MELBOURNE: Malaysian Prime Minister Anwar Ibrahim said Monday he would be “happy to reopen” the search for flight MH370 if “compelling” evidence emerged, opening the door to a renewed hunt a decade after the plane disappeared.
“If there is compelling evidence that it needs to be reopened, we will certainly be happy to reopen it,” he said when asked about the matter during a visit to Melbourne.
His comments came as the families marked 10 years since the plane vanished in the Indian Ocean with 239 people aboard.
“I don’t think it’s a technical issue.
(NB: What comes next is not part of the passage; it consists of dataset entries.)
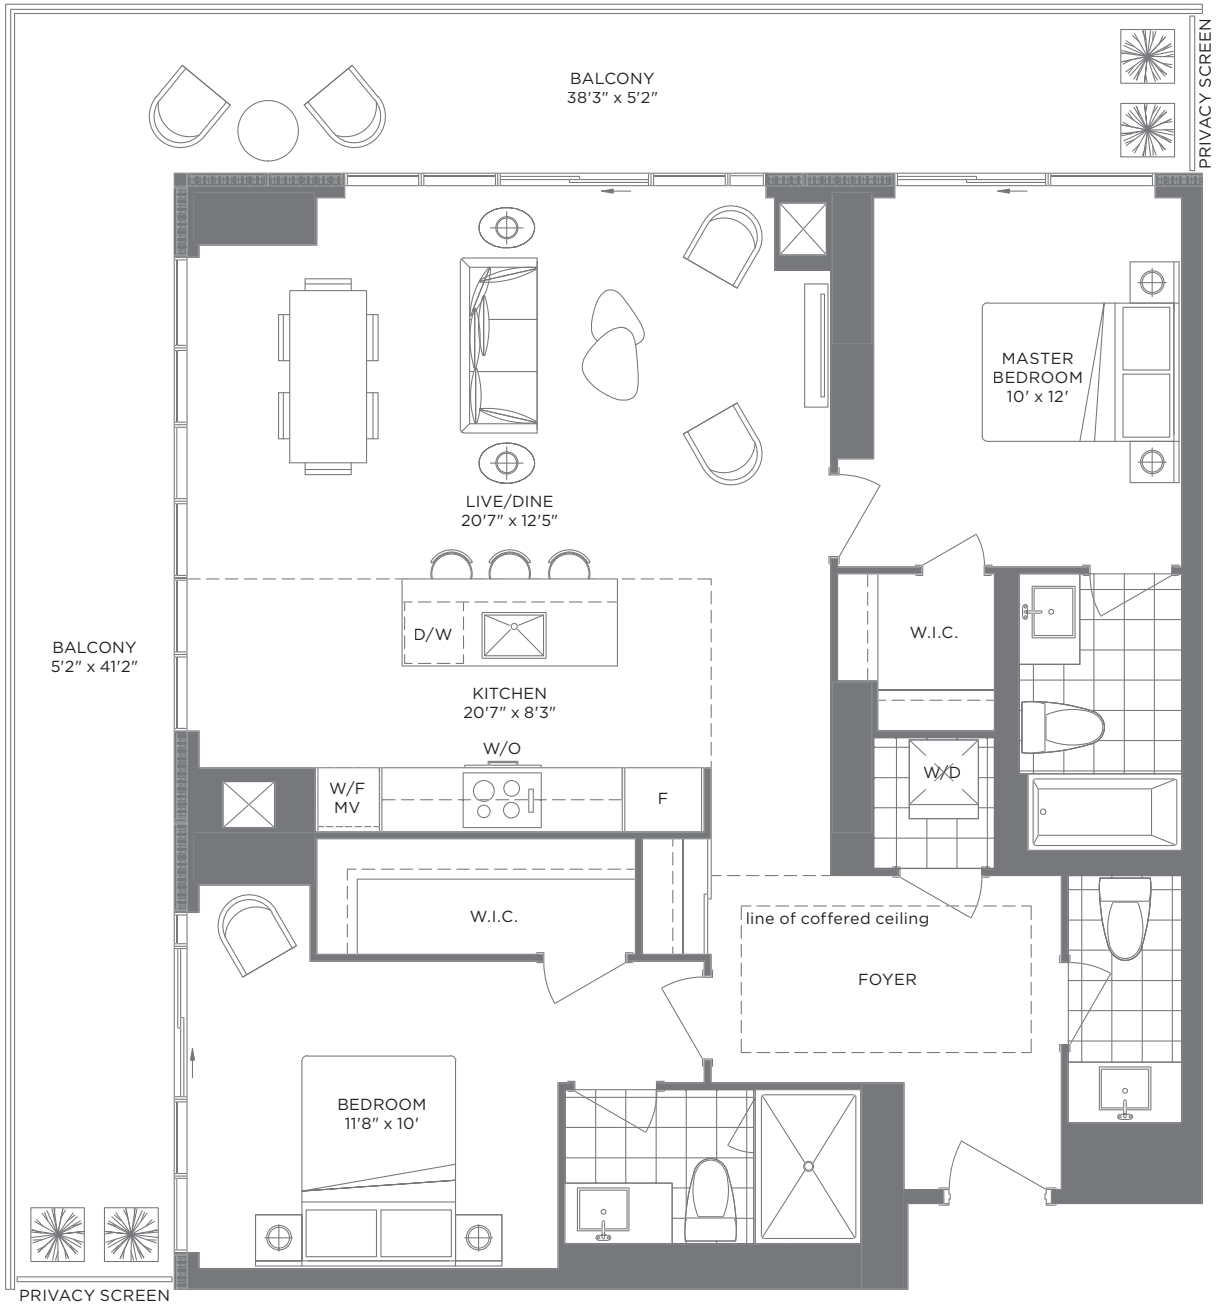

Interior: 615 S.F.
Exterior: 160 S.F.
Total: 775 S.F.

08 is mirrored suite

6th - 20th floor

07 is mirrored suite

21st - 44th floor

45th - 51st floor

1 BED + DEN + 2 BATH

N4

Interior: 650 S.F.
Exterior: 280 S.F.
Total: 930 S.F.

1 BED + DEN + 2 BATH

N5 Interior: 663 S.F.
Exterior: 115 S.F.
Total: 778 S.F.

2 BED + 2 BATH

T1

Interior: 740 S.F.
Exterior: 320 S.F.
Total: 1,060 S.F.

21st - 44th floor

2 BED + 2 BATH

T4

Interior: 1,011 S.F.
Exterior: 175 S.F.
Total: 1,186 S.F.

21st - 44th floor

2 BED + 2.5 BATH

T5 Interior: 1,170 S.F.
Exterior: 400 S.F.
Total: 1,570 S.F.

2 BED + DEN + 2 BATH

Interior: 1,544 S.F.
Exterior: 465 S.F.
Total: 2,009 S.F.

45th - 51st floor

Sizes and specifications are subject to change without notice. E. & O.E.

It’s an issue affecting the lives of people and whatever needs to be done must be done,” he said.
Malaysia Airlines flight 370, a Boeing 777 aircraft, disappeared from radar screens on March 8, 2014, while en route from Kuala Lumpur to Beijing.
Despite the largest search in aviation history, the plane has never been found and the operation was suspended in January 2017.
About 500 relatives and their supporters gathered Sunday at a shopping centre near the Malaysian capital Kuala Lumpur for a “remembrance day”, with many visibly overcome with grief.
Some of the relatives came from China, where almost two-thirds of the passengers of the doomed plane were from.
“The last 10 years have been a nonstop emotional rollercoaster for me,” Grace Nathan, a 36-year-old Malaysian lawyer whose mother, Anne Daisy, 56, was on the flight, told AFP.
Speaking to the crowd, she called on the Malaysian government to conduct a new search.
Transport Minister Anthony Loke told reporters that “as far Malaysia is concerned, it is committed to finding the plane cost is not the issue”.
He told relatives at the gathering that he would meet with officials from Texas-based marine exploration firm Ocean Infinity, which conducted a previous unsuccessful search, to discuss a new operation.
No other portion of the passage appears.